Stored records:
+ + +
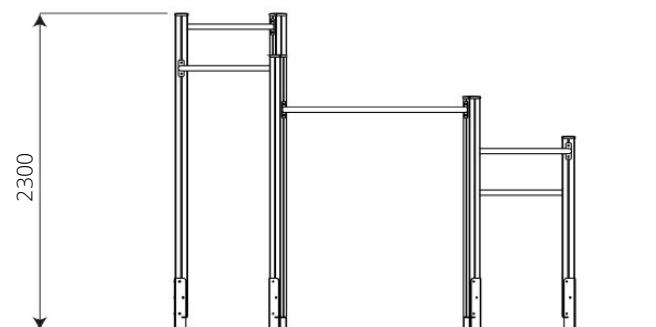

Opvangzone	6,4 x 6,4 m
Obstakelvrije zone	6,4 x 6,4 m
Valhoogte	2,2 m
Afmetingen toestel	2,9 x 2,6 m
Totale hoogte	2,3 m

Materialen

Constructie	Verduurzaamd grenen
Duikelstang	RVS

Ondergrondspecificaties
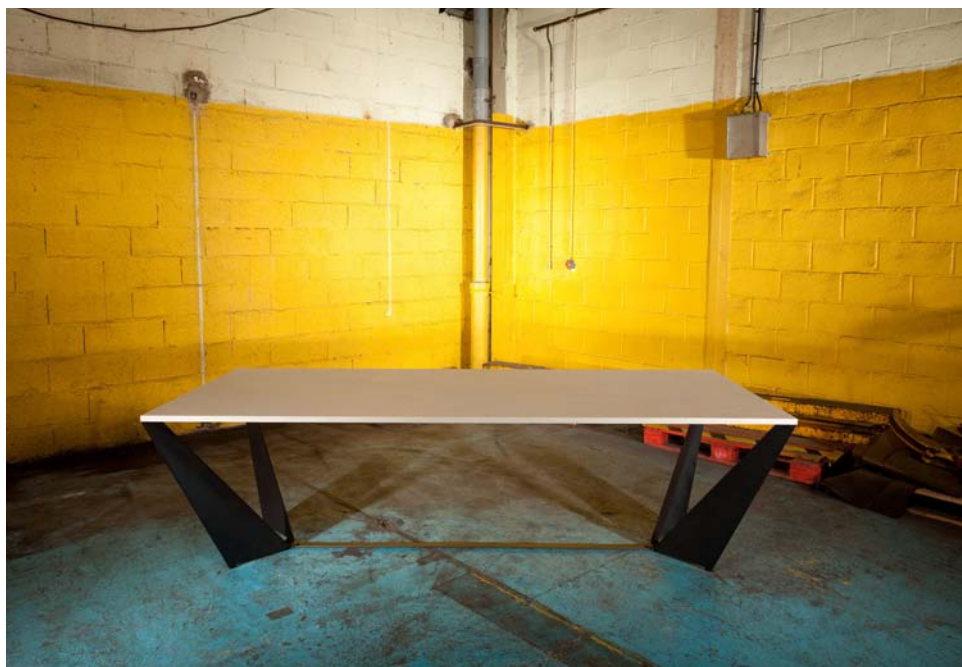

Rendez-vous Hall 5B, stand K15/L16 !

NOUVELLE COLLECTION / TABLE BASSE

TRIO

Une ambiance pop et conviviale

Plateau enduit béton, céramique ou ardoise.
Pieds en acier patiné et huilé à la main.

Disponible en 22 coloris et en 3 hauteurs différentes (20,30 ou 40 cm).

ANELLO

Aérienne et graphique

Structure en acier doux massif patiné et huilé à la main.
Plateaux en céramique, enduit béton ou ardoise.

Disponible en 22 coloris.

Fabriqué en France.

PIEGA

Puissante et élégante

Acier doux massif patiné et huilé à la main.

Disponible en 22 dimensions (hauteur 20 ou 30).

Fabriqué en France.

NOUVELLE COLLECTION / TABLE REPAS

FOGLIA

L'esprit industriel à la maison

Plateaux et pieds en acier patiné et huilé à la main.

Existe en 7 dimensions / carrée ou rectangulaire.

Fabriqué en France.

FURTIVE

Moderne et atypique

Plateau enduit béton épaisseur 22 mm.
Pieds d'une grande originalité en acier patiné et huilé à la main.

Disponible en 18 coloris.
+ + +
> What you will do
A complete answer lists each line of the data that holds the word "ardoise".

> Solution below
Plateau enduit béton, céramique ou ardoise.
Plateaux en céramique, enduit béton ou ardoise.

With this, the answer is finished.